(Minghui.org) I was shopping at a grocery store one day and saw freshly baked bread. I told myself that I needed to buy quite a lot because I hadn’t had freshly baked bread in a long time.
However, upon a closer look, I saw that the bread was not baked to perfection. Some were overbaked, scorched, and tasted burnt and hard. Others were not baked long enough, and thus were pale, and tasted gummy and sticky on the inside. I told myself that I must get some bread because I was craving it.
I started picking out seven pieces of bread that looked delicious, big, and fluffy based on what I expected. I thought, “I will enjoy eating these tasty breads this afternoon.”

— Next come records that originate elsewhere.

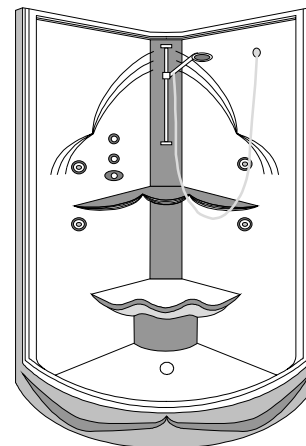

TECHNICAL SPECIFICATIONS

Shower Name : **Cumulus 36 [1 piece]**
 Collection : Shower Collection
 Dimensions : **36 X 36 X 77**

FRONT VIEW

TOP VIEW

* All measurements are precise to $\pm 1/4$ " [0.63 cm]. Technical specifications are subject to change without prior notice.

HYDRO SHOWER SYSTEM

* Optional Hydro-Massage systems are factory pre-plumbed as illustrated.

* Please specify **RIGHT** or **LEFT** on order for valve installation. Left hand shown.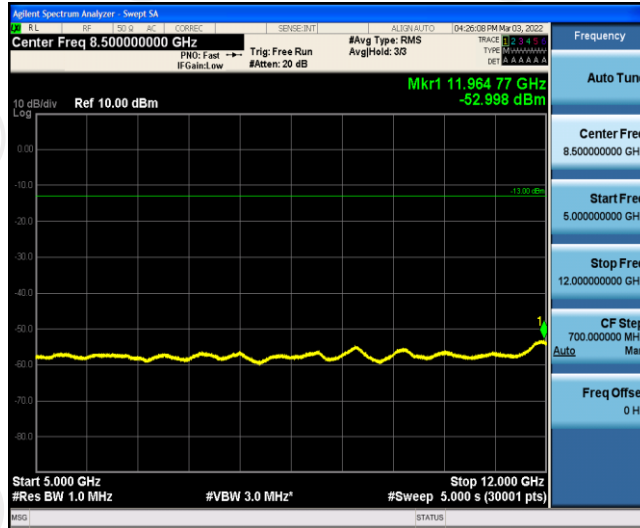

Band12-1.4MHz-16QAM-23173-1RB#0-Range5:5000~12000MHz

Band12-1.4MHz-16QAM-23173-1RB#0-Range6:12000~26500MHz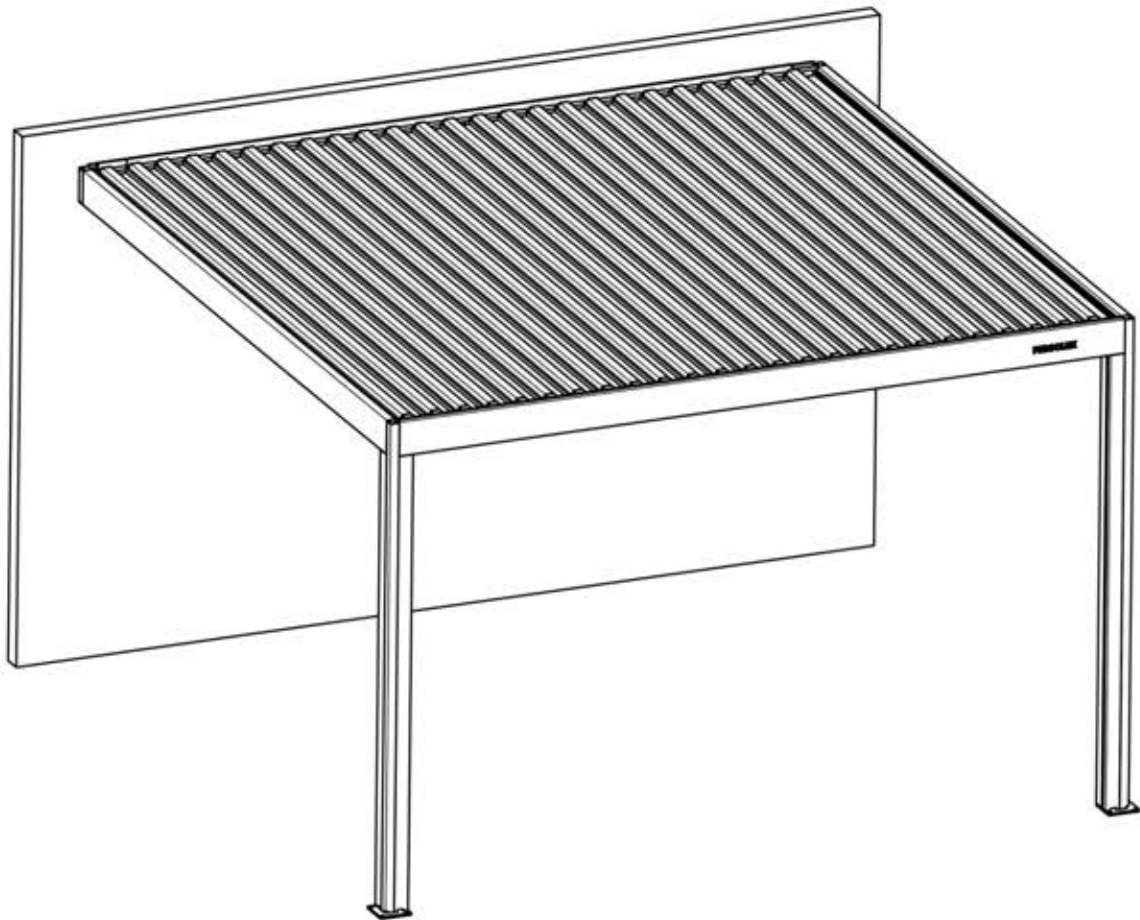

S4

PERGOLA

PRO

4 × 4m / 13' x 13'
WALL MOUNTED

PERGOLUX

Designed and
developed
in Norway

Type Approved
Regular
Production
Surveillance

www.tuv.com
ID 1111293124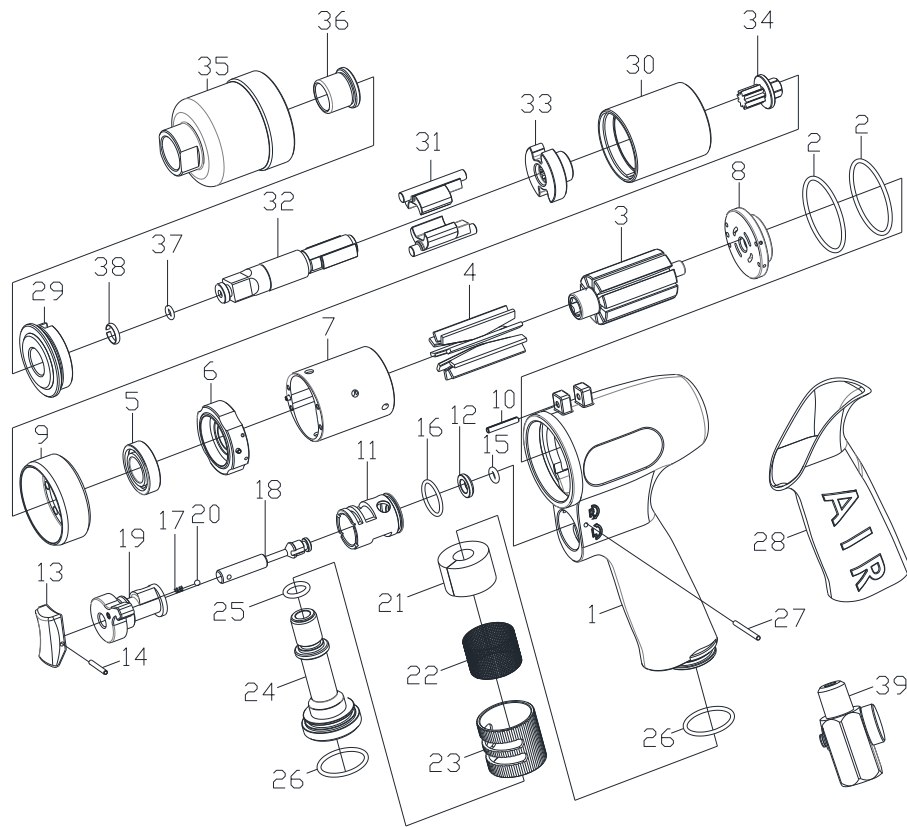

# ZIW344 3/8" Impact Wrench

# ZIW344 3/8" Impact Wrench

TECHNICAL DATA	Hex/Sd Drive	Inch	3/8"SD
	Max. Torque	Ft-lb(Nm)	44(60)
	Net Weight	Kg	0.85
	Air Cons	Cfm	17.65
	Free Speed	Rpm	5800

Index	Part #	Description	Index	Part #	Description
1	PN0425011	Pistol	21	PS042703	Silencer
2	OR3337	O-Ring(2)	22	PS042705	Air Filter
3	PS042303	Rotor	23	PS042704	Exhaust Block Se
4	PS042304	Blade(9)	24	PS042702	Exhaust Body
5	B06901E	Bearing	25	OR0812	O-Ring
6	PN042301	Front Plate	26	OR2024	O-Ring(2)
7	PN042302	Cylinder	27	RP2022	Pin
8	PN042305	Rear Plate	28	PN043503	Rubber Grip
9	PS042901	Connection Sets	29	237201	Front Plate
10	SP2516	Spring Pin	30	237202	Hammer Cage
11	PN04260C	Throttle Bushing	31	237203	Hammer Dog(2)
12	PN04260D	Valve Washer	32	344204	3/8" SD Anvil
13	PS042607	Throttle Grip	33	237205	Cam
14	SP2014	Spring Pin	34	237206	Connection Shaft
15	OR0408	O-Ring	35	2371011	Front Casing
16	OR1518	O-Ring	36	237103	Bushing
17	PN042602	Orientation Spring	37	OR0508S	O-Ring
18	PN042603	Valve Shaft	38	344301	Anvil Collar
19	PN042609	Valve Rod	39	82R2A	Air Regulator
20	SB0025	Ball			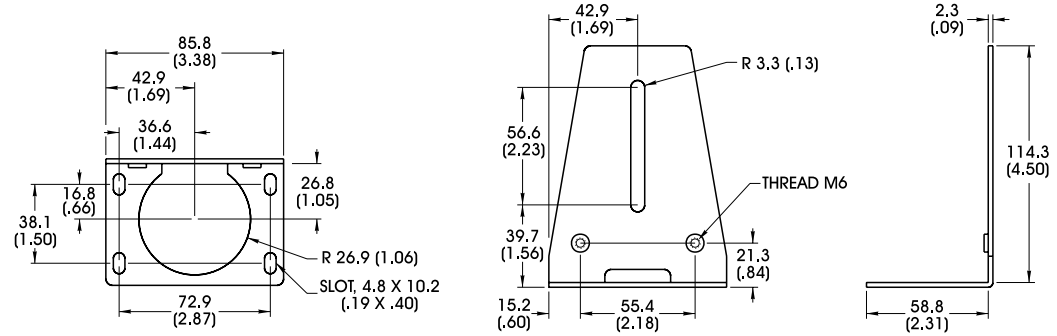

LB106*

FOR USE WITH:
DL9160, DL097

Ordering Information

Standard Product:
Shipped Next Day

LB107

FOR USE WITH:
DL7248, DL106

Ordering Information

Standard Product:
Shipped Next Day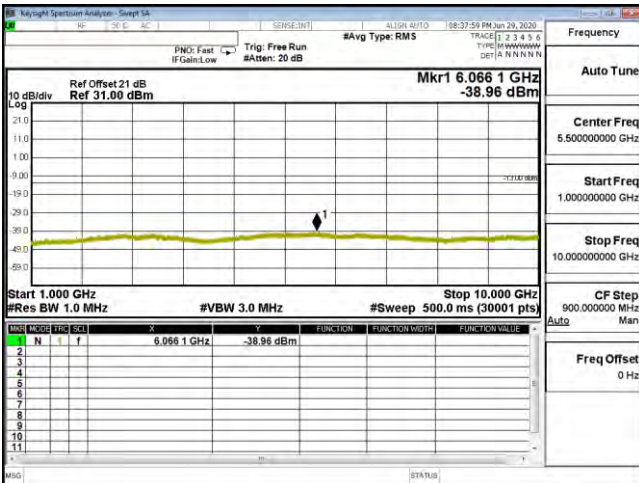

CSE B13 5M CH23255 16QAM(1,0) 1G-10G

I was shocked when I reopened the bag of bread during lunchtime! The bread that I picked earlier had shrunk, turned black, and cracked. What’s more shocking was that one had cracks on the surface that formed an image of a face. That face looked like “Satan’s demonic face,” with two round eyeballs, upside-down eyebrows, a crooked nose, a sinuous face, and a demonic look. I yelled, “Ah!” loud and threw the bread on the floor. I had no desire to eat the bread anymore.
I began to ponder while sitting on my bed. “What happened? Why did the bread turn out like that? Did someone switch the bread when I was not looking? Or was this the old forces interfering in other dimensions? If so, I will negate the evil forces and still eat the bread.”
Just as I was about to reach for the bread, a section of Master’s lecture surfaced in my mind.
Master said,
“With everything you should think of others—first think about others, and then think about yourself. I want you to cultivate to achieve the kind of Consummation that is of a righteous Fa, with righteous enlightenment, one in which others come before yourself. That is removing selfishness, being able to remove “self.”” (Teachings at the Conference in Australia)
I shouted “Ah!” once again. This time I realized that Master was enlightening me.
My mind became as clear as crystal. I was enlightened by what Master mentioned about “selfishness” and “self”. I was enlightened to the fundamental problem of why the bread changed in quality. This was because of my attachment to selfishness. I also knew that Master was compassionately enlightening me to understand issues between right and wrong, eliminate my attachment, and upgrade my xinxing. Master is truly saving me!
I recollected the process of buying the bread and how my attachment to selfishness surfaced. I looked over at all the bread and wanted to pick out the best ones. I wanted to put my money to good use and did not want to spend my money on something that did not taste good. I did not want to lose money. I did not think this was wrong in the beginning and thought that it was normal. Thinking back to that scenario, I noted it was an act of selfish possession.
I asked myself: “Am I gaining profit from someone else?” I told myself: “Yes!”
I thought, “Am I doing a disservice by leaving the unwanted bread for others?” “Yes!”
“Am I only looking out for my own gains and not being considerate?” “Yes!”
It became clear to me that my selfishness was quite severe and Master had revealed a Satan’s face on the bread. Master was pointing out solemnly that my selfishness was too severe. Master wanted me to let go of the attachment to selfishness and eliminate my demonic nature.
The entire situation made me realize clearly the selfishness I still held on to. I perceived not only how grave my selfishness was and how severe my demonic nature was. I was also enlightened to how I lacked compassion and kind thoughts. I have learned a lesson from this painful experience. I set a goal to eliminate my selfishness, cultivate my compassion, and change myself from deep within.
My xinxing improved greatly after a month of diligent cultivation. I clearly felt that my selfishness was not as severe and my demonic nature wasn’t as strong. I am able to completely relinquish selfishness and not harm others for my personal benefit.
What is more gratifying is that I can now think of other people’s needs before considering my own needs and desires. I would have never been able to do that in the past. I have made a breakthrough in eliminating selfishness and cultivating compassion. I believe I will do better in cultivation because I have Dafa and Master in my heart.